Sie lächelte Wilmar, der wieder in sich zusammengekrochen war, aufmunternd zu. »Du bist der Überzeugung, dieser Melcher habe U…, eh, den Mörder ins Haus gelassen?«

»Ja! Ganz bestimmt. Nur er kann ihm das Messer des Meisters gegeben haben, denn woher sollte ein Fremder wissen, wo es zu finden war?«

»Dann müssen wir Melcher in die Hände bekommen, bevor man ihn als unerwünschten Zeugen zur Hölle schickt.« Sie legte die Hand auf Michels Schulter und sah ihn bittend an.

Der Hauptmann gab ihren Blick recht unglücklich zurück. »Ich habe meine Befehle und kann Konstanz nicht verlassen.«

»Aber ich könnte ihn suchen«, rief Wilmar aus. »Wenn ich morgen den ersten Prahm nehme, der nach Lindau fährt, hat Melcher nur einen Tag Vorsprung.
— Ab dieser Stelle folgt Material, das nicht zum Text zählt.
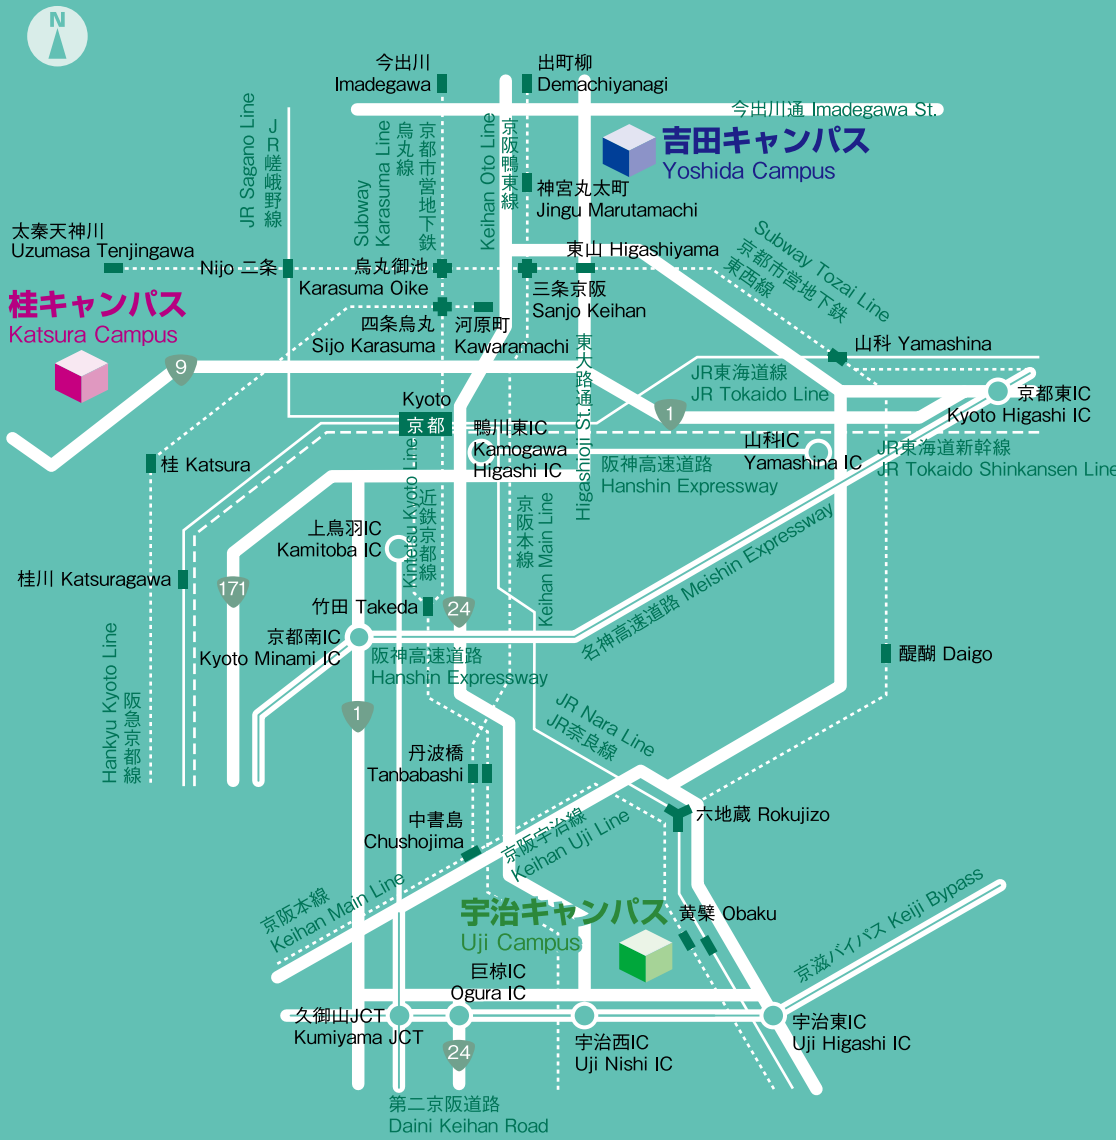

京都大学 キャンパスマップ

Kyoto University
Campus Map

吉田キャンパス Yoshida Campus

バス停 Bus Stop

Das müsste ich aufholen können. Nur …«, er brach kurz ab und sah die anderen betreten an. »Nur habe ich nicht das Geld dafür.«

»Das ist das geringste Problem.« Michel schnürte seine Börse vom Gürtel und warf sie Wilmar zu. »Das müsste reichen. Der Bursche wird ja wohl kaum bis Böhmen oder Ungarn fliehen.«

»Ich kann auch ein paar Münzen beisteuern«, bot Marie an.

Michel streichelte ihr Knie. »Das ist lieb von dir. Ich werde Wilmar zwei meiner vertrauenswürdigsten Männer mitschicken, die ihm helfen sollen, Melcher einzufangen. Freiwillig wird er ja wohl kaum mit zurückkommen.«

Marie starrte Michel düster an. »Das ist mir noch zu wenig. Wir brauchen hochrangige Verbündete gegen unsere Feinde. Wenn wenigstens der Arnsteiner in Konstanz wäre.«

Michel hob den Kopf. »Meinst du Ritter Dietmar von Arnstein? Der ist vorgestern eingetroffen.«

Marie fuhr sich mit der Zunge über die Lippen. »Weißt du, wo er Quartier genommen hat?«

»Freilich. Der Ritter ist doch das Hauptgesprächsthema meiner Leute. Die amüsieren sich darüber, dass er seine Gemahlin mitgebracht hat. Ihrer Meinung nach gibt es so viele Hübschlerinnen in Konstanz, dass ein Mann drei Jahre lang jeden Tag eine andere nehmen kann und dann immer noch nicht alle besessen hat.«

Marie schüttelte unwillig den Kopf, so dass ihre Zöpfe Michel um die Ohren flogen. »Dummes Geschwätz! Dietmar von Arnstein weiß, was er an seiner Frau hat, und ich bin froh, dass Frau Mechthild mitgekommen ist. Das erleichtert die Sache.«

Die Herrin auf Arnstein würde sich von Ruppert gewiss nicht so an der Nase herumführen lassen wie ihr Gemahl, dachte Marie zufrieden und nahm sich vor, die Dame gleich am nächsten Morgen aufzusuchen.